**Exercise data**:
● ● ●

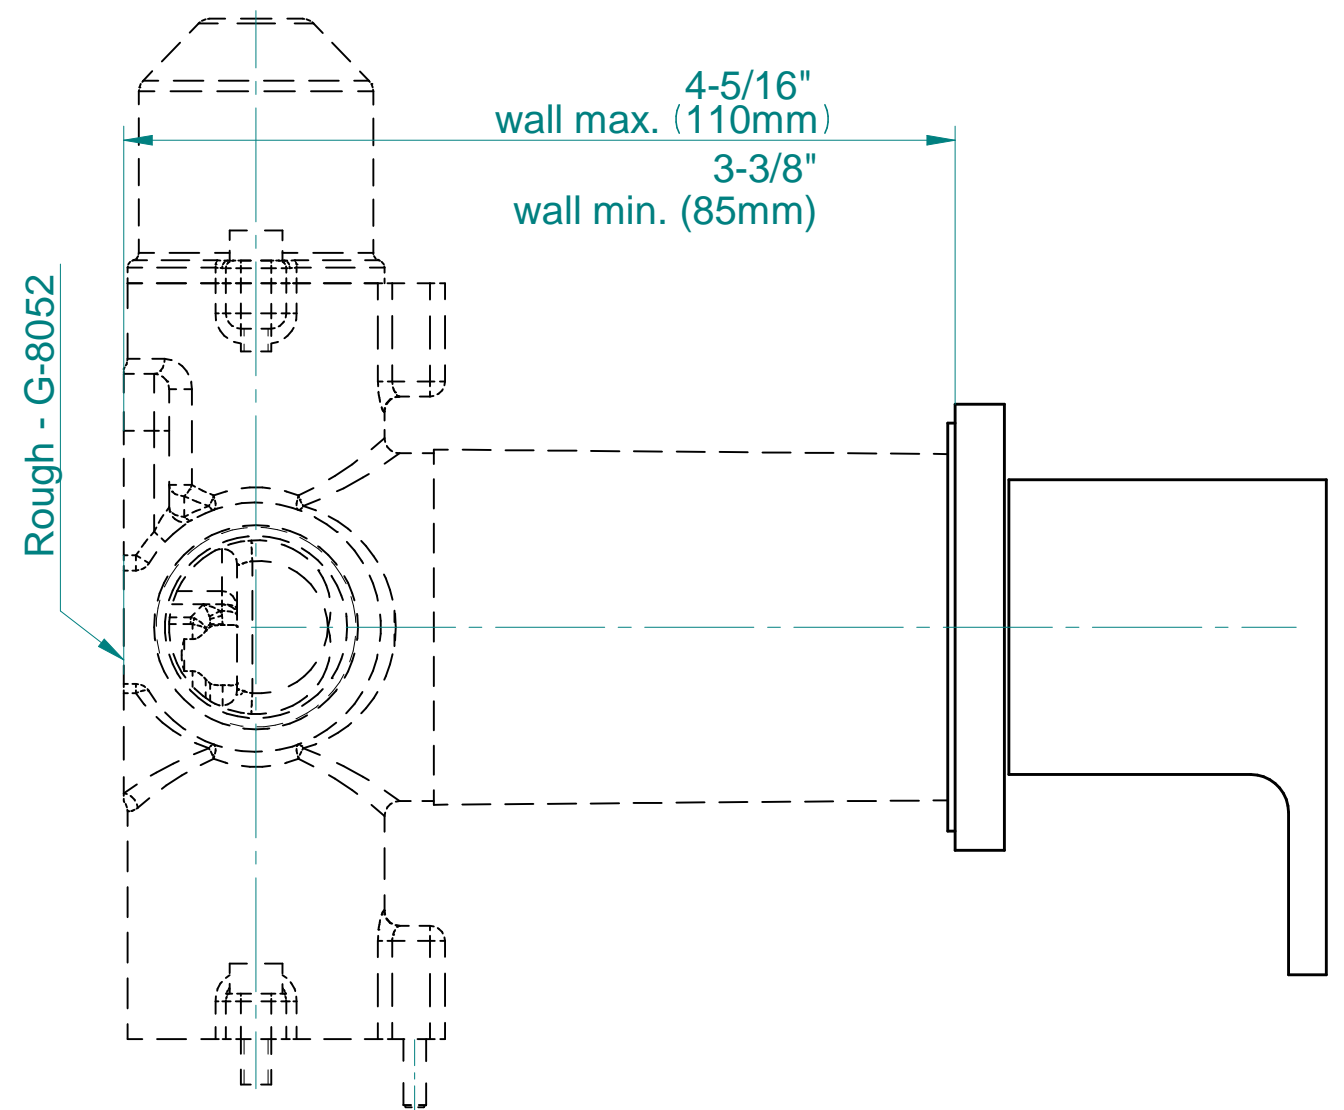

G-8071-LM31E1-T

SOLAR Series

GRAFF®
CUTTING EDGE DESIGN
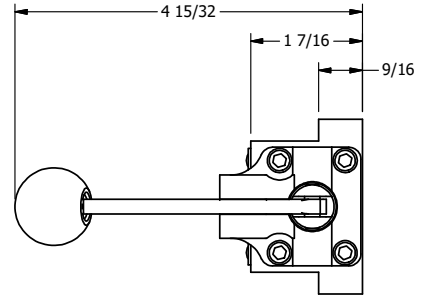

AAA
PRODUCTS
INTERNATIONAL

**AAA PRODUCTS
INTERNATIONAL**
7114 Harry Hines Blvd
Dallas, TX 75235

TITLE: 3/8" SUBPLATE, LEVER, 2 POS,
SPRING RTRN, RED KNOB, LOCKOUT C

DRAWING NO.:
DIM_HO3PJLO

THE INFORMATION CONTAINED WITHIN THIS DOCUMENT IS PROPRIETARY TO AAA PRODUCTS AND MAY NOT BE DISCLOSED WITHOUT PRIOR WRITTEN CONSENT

● ● ●

**Exercise instructions**: Without including a single picture, restate all of the data word for word.

**Output of the exercise**:
G-8071-LM31E1-T

SOLAR Series

GRAFF®
CUTTING EDGE DESIGN

AAA
PRODUCTS
INTERNATIONAL

**AAA PRODUCTS
INTERNATIONAL**
7114 Harry Hines Blvd
Dallas, TX 75235

TITLE: 3/8" SUBPLATE, LEVER, 2 POS,
SPRING RTRN, RED KNOB, LOCKOUT C

DRAWING NO.:
DIM_HO3PJLO

THE INFORMATION CONTAINED WITHIN THIS DOCUMENT IS PROPRIETARY TO AAA PRODUCTS AND MAY NOT BE DISCLOSED WITHOUT PRIOR WRITTEN CONSENT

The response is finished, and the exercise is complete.